A Python package for working with the SPORC (Structured Podcast Open Research Corpus) dataset from Hugging Face.
SPORC is a large multimodal dataset for the study of the podcast ecosystem. This package provides easy-to-use Python classes and functions to interact with the dataset, including:
- Podcast class: Collection of episodes and metadata about a podcast
- Episode class: Single episode with information about its contents
- Turn class: Individual conversation turns with speaker information
- Search functionality for podcasts and episodes
- Conversation turn analysis and filtering
- Sliding windows for processing large episodes in manageable chunks
- Streaming support for memory-efficient processing of large datasets
- Selective loading for filtering and loading specific podcast subsets into memory
- Lazy loading for efficient turn data access
Before installing this package, you need to:
-
Accept the SPORC dataset terms on Hugging Face:
- Visit https://huggingface.co/datasets/blitt/SPoRC
- Log in to your Hugging Face account
- Click "I agree" to accept the dataset terms
-
Set up Hugging Face credentials on your local machine:
pip install huggingface_hub huggingface-cli login
pip install sporcOr install from source:
git clone https://github.com/yourusername/sporc.git
cd sporc
pip install -e .from sporc import SPORCDataset
# Initialize the dataset
sporc = SPORCDataset()
# Search for a specific podcast
podcast = sporc.search_podcast("SingOut SpeakOut")
# Get all episodes for this podcast
for episode in podcast.episodes:
print(f"Episode: {episode.title}")
print(f"Duration: {episode.duration_seconds} seconds")
print(f"Hosts: {episode.host_names}")
# Search for episodes with specific criteria
episodes = sporc.search_episodes(
min_duration=300, # At least 5 minutes
max_speakers=3, # Maximum 3 speakers
host_name="Simon Shapiro"
)
# Get conversation turns for a specific episode
episode = episodes[0]
turns = episode.get_turns_by_time_range(0, 180) # First 3 minutes
for turn in turns:
print(f"Speaker: {turn.speaker}")
print(f"Text: {turn.text[:100]}...")The main class for interacting with the SPORC dataset.
from sporc import SPORCDataset
# Memory mode (default)
sporc = SPORCDataset()
# Streaming mode for memory efficiency
sporc = SPORCDataset(streaming=True)
# Selective mode to load specific podcasts
sporc = SPORCDataset(streaming=True)
sporc.load_podcast_subset(categories=['education'])Represents a podcast with its episodes and metadata.
podcast = sporc.search_podcast("Example Podcast")
print(f"Title: {podcast.title}")
print(f"Category: {podcast.category}")
print(f"Number of episodes: {len(podcast.episodes)}")Represents a single podcast episode.

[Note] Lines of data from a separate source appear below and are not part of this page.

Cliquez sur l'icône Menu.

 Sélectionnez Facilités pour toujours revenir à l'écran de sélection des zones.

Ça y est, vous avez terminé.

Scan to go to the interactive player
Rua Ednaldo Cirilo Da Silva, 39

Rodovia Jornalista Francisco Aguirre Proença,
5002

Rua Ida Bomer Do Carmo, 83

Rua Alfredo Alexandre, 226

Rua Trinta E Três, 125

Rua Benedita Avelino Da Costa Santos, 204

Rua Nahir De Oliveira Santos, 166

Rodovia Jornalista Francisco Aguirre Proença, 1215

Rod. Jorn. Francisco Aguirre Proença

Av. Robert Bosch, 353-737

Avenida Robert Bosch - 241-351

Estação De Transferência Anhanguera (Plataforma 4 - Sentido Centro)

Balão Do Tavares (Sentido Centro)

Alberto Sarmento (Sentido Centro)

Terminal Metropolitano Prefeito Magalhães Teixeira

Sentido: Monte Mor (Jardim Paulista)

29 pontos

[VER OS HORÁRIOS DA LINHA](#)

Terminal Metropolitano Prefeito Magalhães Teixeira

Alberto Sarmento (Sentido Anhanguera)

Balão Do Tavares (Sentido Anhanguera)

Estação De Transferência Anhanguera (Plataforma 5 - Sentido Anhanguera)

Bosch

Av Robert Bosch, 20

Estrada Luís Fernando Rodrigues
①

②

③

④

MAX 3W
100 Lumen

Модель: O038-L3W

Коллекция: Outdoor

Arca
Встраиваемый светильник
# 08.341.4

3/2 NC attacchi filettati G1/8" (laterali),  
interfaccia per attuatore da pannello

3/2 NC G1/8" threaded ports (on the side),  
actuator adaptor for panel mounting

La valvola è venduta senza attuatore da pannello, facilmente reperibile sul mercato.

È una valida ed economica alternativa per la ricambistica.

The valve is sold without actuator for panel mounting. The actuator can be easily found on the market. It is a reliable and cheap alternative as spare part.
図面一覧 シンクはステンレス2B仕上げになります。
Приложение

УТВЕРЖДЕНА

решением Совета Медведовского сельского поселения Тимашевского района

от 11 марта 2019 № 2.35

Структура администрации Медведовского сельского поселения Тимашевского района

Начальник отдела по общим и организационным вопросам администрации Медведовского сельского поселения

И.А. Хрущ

episode = podcast.episodes[0]
print(f"Title: {episode.title}")
print(f"Duration: {episode.duration_seconds} seconds")
print(f"Hosts: {episode.host_names}")Represents a single conversation turn in an episode.
turn = episode.get_all_turns()[0]
print(f"Speaker: {turn.speaker}")
print(f"Text: {turn.text}")
print(f"Duration: {turn.duration} seconds")The package supports three modes for different use cases:
- Memory Mode: Fast access, high memory usage (default)

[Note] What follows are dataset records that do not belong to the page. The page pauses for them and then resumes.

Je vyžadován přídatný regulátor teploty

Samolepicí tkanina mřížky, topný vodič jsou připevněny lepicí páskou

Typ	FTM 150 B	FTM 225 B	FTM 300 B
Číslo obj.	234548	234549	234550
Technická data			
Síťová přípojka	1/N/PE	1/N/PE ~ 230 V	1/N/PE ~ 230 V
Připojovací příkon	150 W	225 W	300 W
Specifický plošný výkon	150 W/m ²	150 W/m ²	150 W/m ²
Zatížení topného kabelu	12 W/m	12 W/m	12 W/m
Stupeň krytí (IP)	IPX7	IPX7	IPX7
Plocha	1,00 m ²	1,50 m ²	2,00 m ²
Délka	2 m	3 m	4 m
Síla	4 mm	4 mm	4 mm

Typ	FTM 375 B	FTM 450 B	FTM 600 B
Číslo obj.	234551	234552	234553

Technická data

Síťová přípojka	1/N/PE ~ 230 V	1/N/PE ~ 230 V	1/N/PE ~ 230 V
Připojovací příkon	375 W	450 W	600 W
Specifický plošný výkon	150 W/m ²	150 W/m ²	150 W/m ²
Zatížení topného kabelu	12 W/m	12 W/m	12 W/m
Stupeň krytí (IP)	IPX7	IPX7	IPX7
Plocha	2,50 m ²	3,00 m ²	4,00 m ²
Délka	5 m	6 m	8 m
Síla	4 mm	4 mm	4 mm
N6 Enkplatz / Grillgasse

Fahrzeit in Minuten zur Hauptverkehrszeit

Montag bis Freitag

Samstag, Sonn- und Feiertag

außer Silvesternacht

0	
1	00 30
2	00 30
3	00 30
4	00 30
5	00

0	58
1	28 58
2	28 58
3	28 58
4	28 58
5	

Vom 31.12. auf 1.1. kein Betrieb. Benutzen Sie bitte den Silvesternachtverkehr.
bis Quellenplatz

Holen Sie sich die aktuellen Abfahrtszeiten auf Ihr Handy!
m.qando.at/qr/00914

- Streaming Mode: Memory efficient, slower access
- Selective Mode: Best of both worlds - load specific subsets into memory
Process large episodes in manageable chunks with configurable overlap:
# Process episode in 10-turn windows with 2-turn overlap
for window in episode.sliding_window(window_size=10, overlap=2):
print(f"Window: {window.size} turns")
print(f"Time range: {window.time_range[0]/60:.1f}-{window.time_range[1]/60:.1f}min")Search podcasts and episodes by various criteria:
# Search by duration, speakers, hosts, categories, etc.
episodes = sporc.search_episodes(
min_duration=1800, # 30+ minutes
category="education",
host_name="Simon Shapiro"
)For comprehensive documentation and examples, see the Wiki:
- Installation Guide: Detailed setup instructions
- Basic Usage: Simple examples to get started
- Search Examples: How to search for podcasts and episodes
- Conversation Analysis: Analyzing conversation turns and patterns
- Sliding Windows: Process large episodes in manageable chunks
- Streaming Mode: Memory-efficient processing
- Selective Loading: Filtered subset processing
- Lazy Loading: Efficient turn data loading
- API Reference: Complete API documentation
- Memory Mode: Requires 8GB+ RAM, fast access to all data
- Streaming Mode: Works with 4GB+ RAM, slower but memory efficient
- Selective Mode: Best balance for working with specific subsets
The package includes comprehensive error handling:
from sporc import SPORCDataset, SPORCError
try:
sporc = SPORCDataset()
podcast = sporc.search_podcast("Example Podcast")
except SPORCError as e:
print(f"Error: {e}")Contributions are welcome! Please feel free to submit a Pull Request. For major changes, please open an issue first to discuss what you would like to change.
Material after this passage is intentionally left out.